Every line of the data below should be retyped exactly.

(Source material begins)

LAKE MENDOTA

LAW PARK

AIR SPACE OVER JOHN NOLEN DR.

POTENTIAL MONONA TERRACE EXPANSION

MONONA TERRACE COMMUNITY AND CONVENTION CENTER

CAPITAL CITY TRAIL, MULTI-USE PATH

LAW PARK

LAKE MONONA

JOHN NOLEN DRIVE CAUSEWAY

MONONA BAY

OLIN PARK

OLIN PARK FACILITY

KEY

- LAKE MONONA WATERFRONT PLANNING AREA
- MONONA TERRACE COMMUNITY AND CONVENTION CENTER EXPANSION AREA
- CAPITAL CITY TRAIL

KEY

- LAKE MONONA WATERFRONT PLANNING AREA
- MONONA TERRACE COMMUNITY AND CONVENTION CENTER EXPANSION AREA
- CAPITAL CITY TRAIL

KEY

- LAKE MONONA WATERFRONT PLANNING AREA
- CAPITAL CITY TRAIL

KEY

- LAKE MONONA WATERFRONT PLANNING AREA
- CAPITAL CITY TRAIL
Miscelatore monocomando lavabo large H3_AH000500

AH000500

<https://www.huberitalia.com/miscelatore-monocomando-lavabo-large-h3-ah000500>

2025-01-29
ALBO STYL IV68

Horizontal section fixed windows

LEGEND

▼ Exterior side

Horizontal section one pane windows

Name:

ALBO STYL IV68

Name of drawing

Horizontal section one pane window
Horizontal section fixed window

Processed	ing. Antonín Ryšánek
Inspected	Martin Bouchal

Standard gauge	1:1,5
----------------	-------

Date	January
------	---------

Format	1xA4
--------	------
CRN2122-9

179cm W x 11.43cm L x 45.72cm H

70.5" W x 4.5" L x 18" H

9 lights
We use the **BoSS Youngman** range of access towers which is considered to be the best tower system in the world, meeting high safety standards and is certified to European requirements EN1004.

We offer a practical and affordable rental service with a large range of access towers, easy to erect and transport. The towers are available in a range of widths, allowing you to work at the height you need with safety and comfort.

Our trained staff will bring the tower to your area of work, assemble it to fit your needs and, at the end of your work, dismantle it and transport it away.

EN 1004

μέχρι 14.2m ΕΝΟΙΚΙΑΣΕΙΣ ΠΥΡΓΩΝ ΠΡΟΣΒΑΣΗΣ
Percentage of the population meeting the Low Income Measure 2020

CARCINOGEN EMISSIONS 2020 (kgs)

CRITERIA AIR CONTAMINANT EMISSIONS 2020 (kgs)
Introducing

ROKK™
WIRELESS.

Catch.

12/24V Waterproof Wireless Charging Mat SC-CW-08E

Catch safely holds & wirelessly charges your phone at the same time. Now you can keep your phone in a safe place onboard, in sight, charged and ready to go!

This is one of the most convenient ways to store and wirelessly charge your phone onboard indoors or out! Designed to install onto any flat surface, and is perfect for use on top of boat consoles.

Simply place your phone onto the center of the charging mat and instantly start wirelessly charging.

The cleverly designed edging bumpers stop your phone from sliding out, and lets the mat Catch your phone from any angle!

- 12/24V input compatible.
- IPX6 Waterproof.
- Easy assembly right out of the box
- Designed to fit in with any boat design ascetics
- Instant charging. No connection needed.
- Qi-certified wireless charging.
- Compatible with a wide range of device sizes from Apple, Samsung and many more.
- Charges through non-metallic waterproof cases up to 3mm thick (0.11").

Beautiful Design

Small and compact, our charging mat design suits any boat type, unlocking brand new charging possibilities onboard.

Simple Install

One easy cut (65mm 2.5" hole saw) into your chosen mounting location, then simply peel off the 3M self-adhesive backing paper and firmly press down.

(Source material ends)

◆ Your solution:
LAKE MENDOTA

LAW PARK

AIR SPACE OVER JOHN NOLEN DR.

POTENTIAL MONONA TERRACE EXPANSION

MONONA TERRACE COMMUNITY AND CONVENTION CENTER

CAPITAL CITY TRAIL, MULTI-USE PATH

LAW PARK

LAKE MONONA

JOHN NOLEN DRIVE CAUSEWAY

MONONA BAY

OLIN PARK

OLIN PARK FACILITY

KEY

- LAKE MONONA WATERFRONT PLANNING AREA
- MONONA TERRACE COMMUNITY AND CONVENTION CENTER EXPANSION AREA
- CAPITAL CITY TRAIL

KEY

- LAKE MONONA WATERFRONT PLANNING AREA
- MONONA TERRACE COMMUNITY AND CONVENTION CENTER EXPANSION AREA
- CAPITAL CITY TRAIL

KEY

- LAKE MONONA WATERFRONT PLANNING AREA
- CAPITAL CITY TRAIL

KEY

- LAKE MONONA WATERFRONT PLANNING AREA
- CAPITAL CITY TRAIL
Miscelatore monocomando lavabo large H3_AH000500

AH000500

<https://www.huberitalia.com/miscelatore-monocomando-lavabo-large-h3-ah000500>

2025-01-29
ALBO STYL IV68

Horizontal section fixed windows

LEGEND

▼ Exterior side

Horizontal section one pane windows

Name:

ALBO STYL IV68

Name of drawing

Horizontal section one pane window
Horizontal section fixed window

Processed	ing. Antonín Ryšánek
Inspected	Martin Bouchal

Standard gauge	1:1,5
----------------	-------

Date	January
------	---------

Format	1xA4
--------	------
CRN2122-9

179cm W x 11.43cm L x 45.72cm H

70.5" W x 4.5" L x 18" H

9 lights
We use the **BoSS Youngman** range of access towers which is considered to be the best tower system in the world, meeting high safety standards and is certified to European requirements EN1004.

We offer a practical and affordable rental service with a large range of access towers, easy to erect and transport. The towers are available in a range of widths, allowing you to work at the height you need with safety and comfort.

Our trained staff will bring the tower to your area of work, assemble it to fit your needs and, at the end of your work, dismantle it and transport it away.

EN 1004

μέχρι 14.2m ΕΝΟΙΚΙΑΣΕΙΣ ΠΥΡΓΩΝ ΠΡΟΣΒΑΣΗΣ
Percentage of the population meeting the Low Income Measure 2020

CARCINOGEN EMISSIONS 2020 (kgs)

CRITERIA AIR CONTAMINANT EMISSIONS 2020 (kgs)
Introducing

ROKK™
WIRELESS.

Catch.

12/24V Waterproof Wireless Charging Mat SC-CW-08E

Catch safely holds & wirelessly charges your phone at the same time. Now you can keep your phone in a safe place onboard, in sight, charged and ready to go!

This is one of the most convenient ways to store and wirelessly charge your phone onboard indoors or out! Designed to install onto any flat surface, and is perfect for use on top of boat consoles.

Simply place your phone onto the center of the charging mat and instantly start wirelessly charging.

The cleverly designed edging bumpers stop your phone from sliding out, and lets the mat Catch your phone from any angle!

- 12/24V input compatible.
- IPX6 Waterproof.
- Easy assembly right out of the box
- Designed to fit in with any boat design ascetics
- Instant charging. No connection needed.
- Qi-certified wireless charging.
- Compatible with a wide range of device sizes from Apple, Samsung and many more.
- Charges through non-metallic waterproof cases up to 3mm thick (0.11").

Beautiful Design

Small and compact, our charging mat design suits any boat type, unlocking brand new charging possibilities onboard.

Simple Install

One easy cut (65mm 2.5" hole saw) into your chosen mounting location, then simply peel off the 3M self-adhesive backing paper and firmly press down.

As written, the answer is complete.